If you’ve been living under a rock, you probably missed the ongoing story around LK-99 — a claimed room-temperature superconductor. Last week, one member of the Korean research team responsible for developing LK-99 apparently went rogue and published a pre-review draft version of a paper describing this new material and claiming that it was a room-temperature, ambient-pressure superconductor. This set off an absolute frenzy on social media: People were live streaming attempts to replicate it; a Russian soil scientist claimed to have produced the material in her kitchen; it was a total spectacle. The day after the story broke, we put out a word of caution. The same day this was going on, there was a retraction about another supposed high-temperature superconductor; this kind of thing gets reported from time to time but so far hasn’t worked out. While I definitely stand by that initial take, LK-99 was not immediately debunked. There’s still significant contention and a lack of understanding around the mechanisms at . There are also an increasing number of papers and groups claiming to have replicated at least some elements of the Korean team’s results.
So, are we about to enter a new era of ultrafast computing, lossless sustainable energy, and more? You should still temper your expectations. There are some big challenges ahead, even if LK-99 turns out to be a room-temperature superconductor:
- Production: LK-99 relies on a very specific set of crystal structures to produce its unique effects. The method of production described by the Korean scientists and employed by groups trying to replicate it have very low yields. We’ll need a production method that is high yielding and reliable in terms of the crystal structure and purity and performance of the material that’s produced. This is entirely possible: We have a semiconductor fabrication ecosystem that is well designed for this type of challenge. The scale of material produced by that ecosystem is relatively low, so it’s going to be quite tough to produce sufficient wire for a transmission cable if we’re using semiconductor fabrication techniques.

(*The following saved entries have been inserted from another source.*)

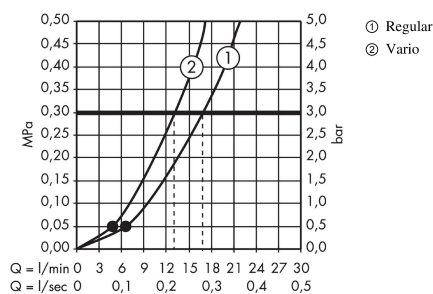

Crometta 85

Shower holder set Vario with shower hose 125 cm

Surfaces: **Chrome** Article Number: **27558000**

Description

product features

- consists of: hand shower, shower holder, shower hose
- shower head size: 85 mm
- integrated support function
- spray type: Vario spray, normal spray
- spray type adjustment by turning spray disc
- maximum flow rate at 3 bar: 17 l/min
- minimum flow pressure: 1 bar
- operating pressure: min. 1 bar/max. 6 bar
- Shower holder of plastic
- wall mounting: screw fastening
- rinseable screen seal

Technology

Product image

Scale drawing

Flowchart

The consumption was measured in combination with the appropriate fittings (thermostat/mixer/ in-wall valve) to reflect actual application in practice.

Crometta 85
Shower holder set Vario with shower hose 125 cm
 Surfaces: **Chrome** Article Number: **27558000**

Exploded Drawing

Year of production: >02/08

Crometta 85
Shower holder set Vario with shower hose 125 cm
 Surfaces: **Chrome** Article Number: **27558000**

Spare part list

Year of production: >02/08

Pos.	Description	Article Number	Price	PU
1	handshower	28562000	-	1
2	mounting set	40915000	€ 11,31	1
3	shower holder	27521000	-	1
4	filter insert	97708000	€ 5,24	1
5	filter packing	94246000	€ 3,21	1
6	shower hose Metaflex'C 1,25 m	28262000	-	1

- Current carrying capacity: A superconductor still has limitations, particularly how much electricity it can carry while maintaining its superconducting function. Essentially, it’s possible to put a few electrons across it, but if you try to ramp up the amperage, there could be a lot of issues. Again, this is important for energy applications: You need to be able to move a large number of electrons to do anything useful on the scale of the energy grid. There’s still a lot we don’t know about the performance of superconductors in this regard.
- Durability: This is the big one: Many applications that could benefit from a room-temperature superconductor will require a lifetime that’s measured in years. For something in the energy grid, it’s going to need to be much longer than that: You don’t want to be replacing power cables every five years or even every decade. Those types of infrastructure need to last for 40 years at least. If the material degrades either from reacting with its environment or from current being transmitted across it, that will limit its potential uses in many of the most important and impactful applications. At this point, there’s just a lot we don’t know about the behavior of this material, how it functions, and its interactions in a wide range of real-world environments.

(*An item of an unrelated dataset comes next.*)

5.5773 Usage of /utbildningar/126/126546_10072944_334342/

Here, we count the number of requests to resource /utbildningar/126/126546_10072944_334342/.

Now that I’ve thrown cold water all over LK99, let me back up and say this is potentially a really big deal. There’s a reason why room-temperature superconductors have been considered the Holy Grail of materials science: There’s a huge number of applications that could be improved by superconductivity, and more than that, there’s a huge number of potential applications that have not yet emerged. I had the opportunity to chat with the CEO of the Fusion Industry Association this week (look for that on the Innovation Matters podcast), and I asked him why fusion is happening now. One of the big things he pointed to was advances in magnetics. It’s unlikely that anyone developing those magnets had fusion in mind, but it’s still a benefit. A lot of the great, impactful products like the iPhone have come from the combination of tangentially related improvements in different technologies. The fact that we’ve potentially developed a room-temperature superconductor at the same time that we’re ramping up green electricity production is an exciting combination of facts. It’s hard to know what could emerge from this environment, but at a time when it seems like all the news about climate and innovation is depressing, this is definitely a reason for optimism.